[Opening Data for this exercise section]

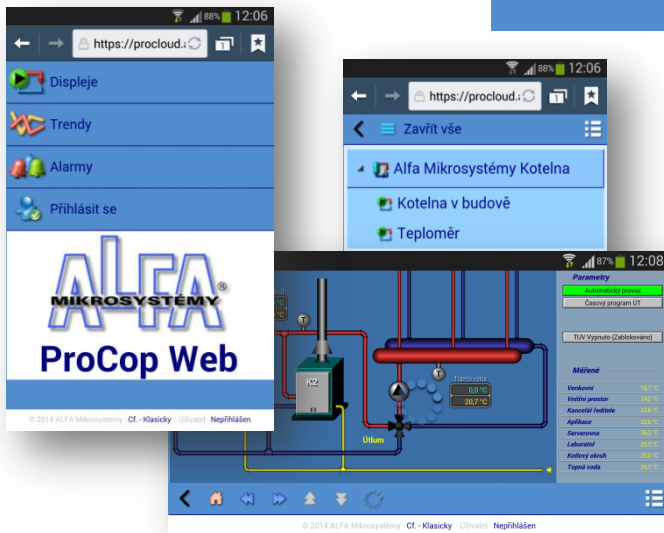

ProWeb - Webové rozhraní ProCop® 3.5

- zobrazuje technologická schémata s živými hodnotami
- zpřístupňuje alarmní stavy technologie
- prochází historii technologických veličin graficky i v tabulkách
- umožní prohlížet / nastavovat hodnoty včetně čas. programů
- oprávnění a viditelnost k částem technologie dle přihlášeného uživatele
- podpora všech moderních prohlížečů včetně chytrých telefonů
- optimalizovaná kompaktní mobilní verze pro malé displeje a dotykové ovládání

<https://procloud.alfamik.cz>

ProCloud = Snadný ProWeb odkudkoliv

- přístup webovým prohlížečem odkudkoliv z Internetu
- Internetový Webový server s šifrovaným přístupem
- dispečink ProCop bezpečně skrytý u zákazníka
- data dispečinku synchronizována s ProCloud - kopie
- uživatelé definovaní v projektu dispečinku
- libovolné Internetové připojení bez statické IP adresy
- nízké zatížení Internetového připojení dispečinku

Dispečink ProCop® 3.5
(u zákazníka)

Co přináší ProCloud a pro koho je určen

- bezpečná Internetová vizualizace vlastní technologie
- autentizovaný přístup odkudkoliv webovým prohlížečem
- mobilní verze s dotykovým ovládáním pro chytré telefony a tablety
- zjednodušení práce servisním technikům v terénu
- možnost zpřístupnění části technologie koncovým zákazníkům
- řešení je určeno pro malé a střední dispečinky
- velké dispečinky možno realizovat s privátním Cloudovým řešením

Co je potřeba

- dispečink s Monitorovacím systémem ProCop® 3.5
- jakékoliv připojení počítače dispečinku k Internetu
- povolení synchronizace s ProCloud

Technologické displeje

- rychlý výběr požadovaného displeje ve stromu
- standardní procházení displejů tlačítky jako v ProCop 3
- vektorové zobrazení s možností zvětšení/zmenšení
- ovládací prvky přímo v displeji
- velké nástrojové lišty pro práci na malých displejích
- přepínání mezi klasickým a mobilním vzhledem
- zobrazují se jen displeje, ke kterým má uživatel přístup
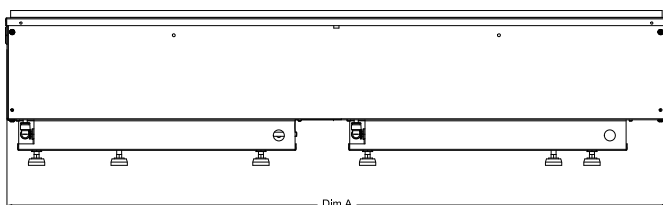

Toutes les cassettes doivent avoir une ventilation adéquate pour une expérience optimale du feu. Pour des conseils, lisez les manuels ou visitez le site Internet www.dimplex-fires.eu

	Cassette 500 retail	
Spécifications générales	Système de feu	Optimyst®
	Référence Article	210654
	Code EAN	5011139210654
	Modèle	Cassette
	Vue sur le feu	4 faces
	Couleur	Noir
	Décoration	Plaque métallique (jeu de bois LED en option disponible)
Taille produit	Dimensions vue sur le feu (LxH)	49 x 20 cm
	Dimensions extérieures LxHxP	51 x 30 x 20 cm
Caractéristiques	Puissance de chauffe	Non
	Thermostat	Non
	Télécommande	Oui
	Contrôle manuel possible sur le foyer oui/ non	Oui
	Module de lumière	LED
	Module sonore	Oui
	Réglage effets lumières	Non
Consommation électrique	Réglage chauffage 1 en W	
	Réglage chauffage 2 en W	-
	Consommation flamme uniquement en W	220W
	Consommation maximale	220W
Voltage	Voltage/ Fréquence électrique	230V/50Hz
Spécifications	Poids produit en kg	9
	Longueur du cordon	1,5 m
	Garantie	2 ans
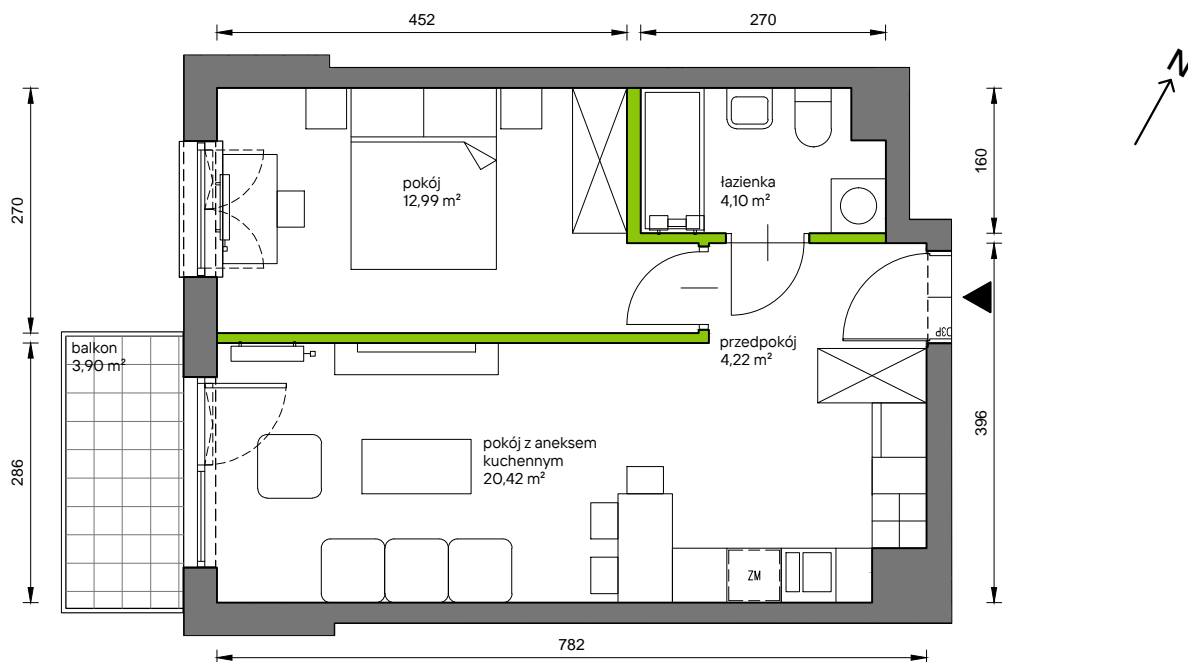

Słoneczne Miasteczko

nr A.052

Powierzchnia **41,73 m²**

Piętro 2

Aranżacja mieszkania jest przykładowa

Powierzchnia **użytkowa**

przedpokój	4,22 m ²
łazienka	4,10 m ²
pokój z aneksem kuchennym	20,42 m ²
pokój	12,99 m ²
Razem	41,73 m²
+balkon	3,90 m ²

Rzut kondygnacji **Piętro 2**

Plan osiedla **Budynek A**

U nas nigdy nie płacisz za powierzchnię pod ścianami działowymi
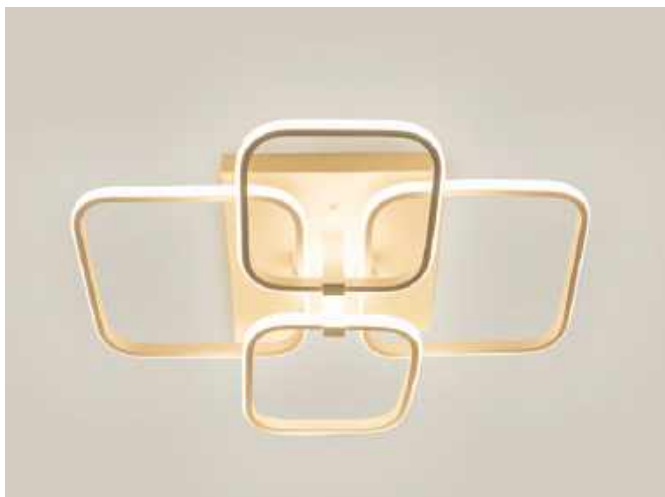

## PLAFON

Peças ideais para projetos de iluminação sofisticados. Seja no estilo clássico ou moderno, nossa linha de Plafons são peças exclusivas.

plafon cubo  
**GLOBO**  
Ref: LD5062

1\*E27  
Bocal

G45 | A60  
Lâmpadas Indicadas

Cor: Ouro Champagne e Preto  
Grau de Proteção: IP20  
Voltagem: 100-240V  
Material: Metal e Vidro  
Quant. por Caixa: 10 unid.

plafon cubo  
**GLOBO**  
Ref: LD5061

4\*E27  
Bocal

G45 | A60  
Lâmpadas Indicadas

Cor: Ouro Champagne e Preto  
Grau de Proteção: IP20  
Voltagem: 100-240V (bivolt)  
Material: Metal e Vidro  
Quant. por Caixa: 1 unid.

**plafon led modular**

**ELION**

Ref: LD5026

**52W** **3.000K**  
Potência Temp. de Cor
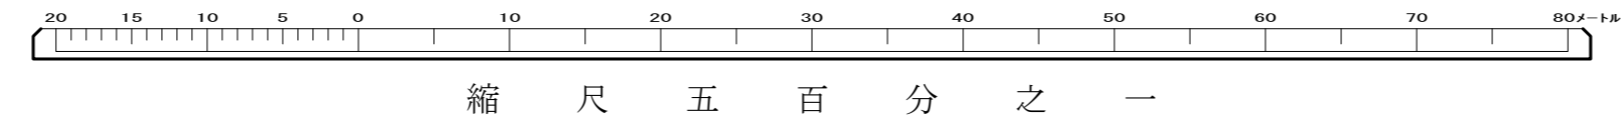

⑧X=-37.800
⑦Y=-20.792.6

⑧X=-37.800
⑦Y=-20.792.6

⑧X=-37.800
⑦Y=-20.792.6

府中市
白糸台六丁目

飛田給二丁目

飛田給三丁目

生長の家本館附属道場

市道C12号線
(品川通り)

[Closing Data for this exercise section]
[Opening Data for this exercise section]

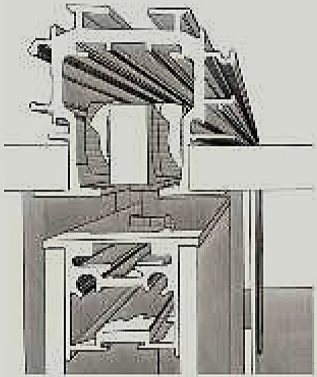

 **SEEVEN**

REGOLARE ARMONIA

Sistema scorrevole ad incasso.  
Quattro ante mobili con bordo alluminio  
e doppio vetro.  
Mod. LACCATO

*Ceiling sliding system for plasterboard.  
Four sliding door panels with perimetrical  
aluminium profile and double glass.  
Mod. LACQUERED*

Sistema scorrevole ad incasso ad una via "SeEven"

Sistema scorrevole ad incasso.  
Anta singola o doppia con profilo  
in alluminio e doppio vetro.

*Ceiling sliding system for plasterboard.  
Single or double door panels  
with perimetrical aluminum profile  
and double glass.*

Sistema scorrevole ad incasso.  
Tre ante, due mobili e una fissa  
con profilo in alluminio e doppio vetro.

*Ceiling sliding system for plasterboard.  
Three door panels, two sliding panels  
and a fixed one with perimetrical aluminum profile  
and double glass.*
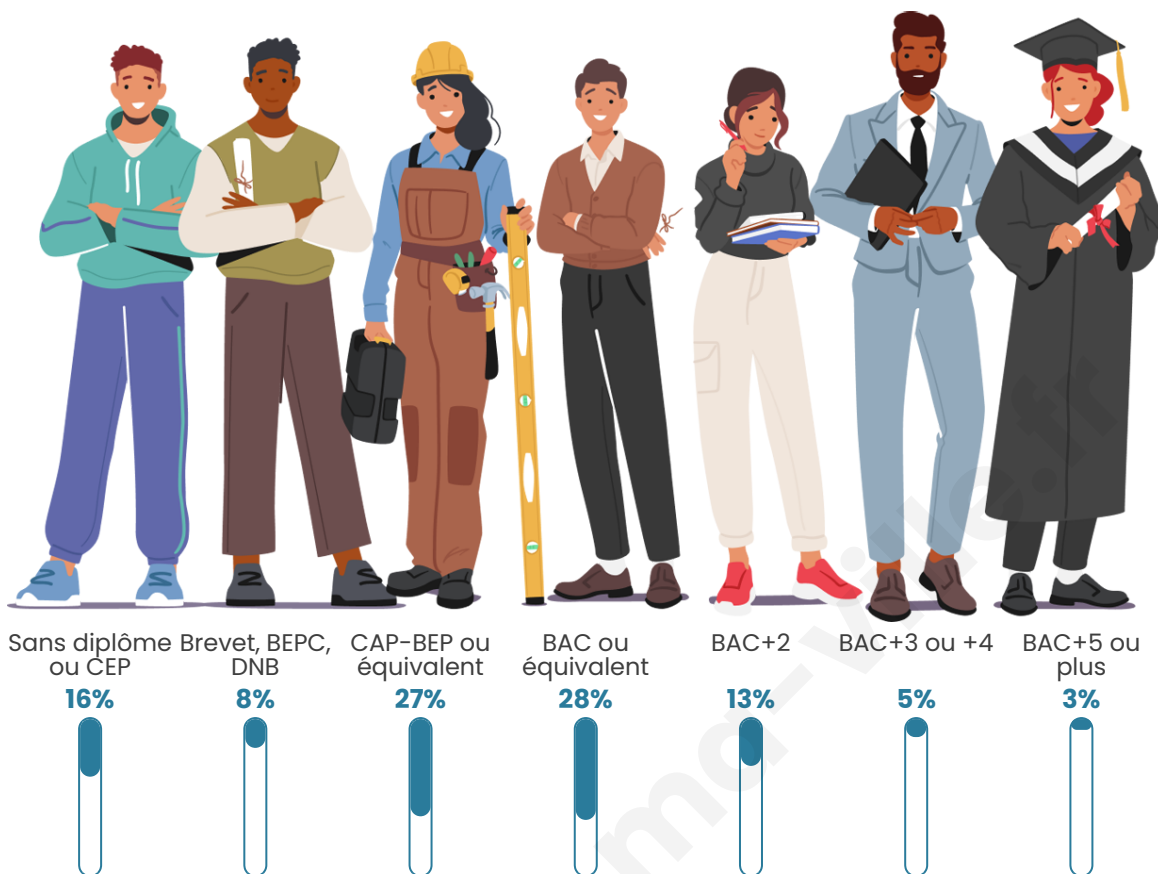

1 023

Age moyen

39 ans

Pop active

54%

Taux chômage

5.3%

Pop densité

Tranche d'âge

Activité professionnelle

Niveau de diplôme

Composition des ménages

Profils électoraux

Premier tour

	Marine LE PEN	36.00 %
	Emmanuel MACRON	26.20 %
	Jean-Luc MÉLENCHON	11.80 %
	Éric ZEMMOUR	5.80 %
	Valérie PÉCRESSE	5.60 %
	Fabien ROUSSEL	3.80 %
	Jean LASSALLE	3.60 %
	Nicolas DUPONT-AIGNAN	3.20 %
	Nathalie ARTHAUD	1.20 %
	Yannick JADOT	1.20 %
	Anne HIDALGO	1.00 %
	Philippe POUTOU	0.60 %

[Closing Data for this exercise section]

Look through the entries above and quote exactly the lines from the line with "ProWeb - Webové rozhraní ProCop® 3.5" to the line with "- umožní prohlížet", counting both of those lines.

ProWeb - Webové rozhraní ProCop® 3.5

- zobrazuje technologická schémata s živými hodnotami
- zpřístupňuje alarmní stavy technologie
- prochází historii technologických veličin graficky i v tabulkách
- umožní prohlížet / nastavovat hodnoty včetně čas. programů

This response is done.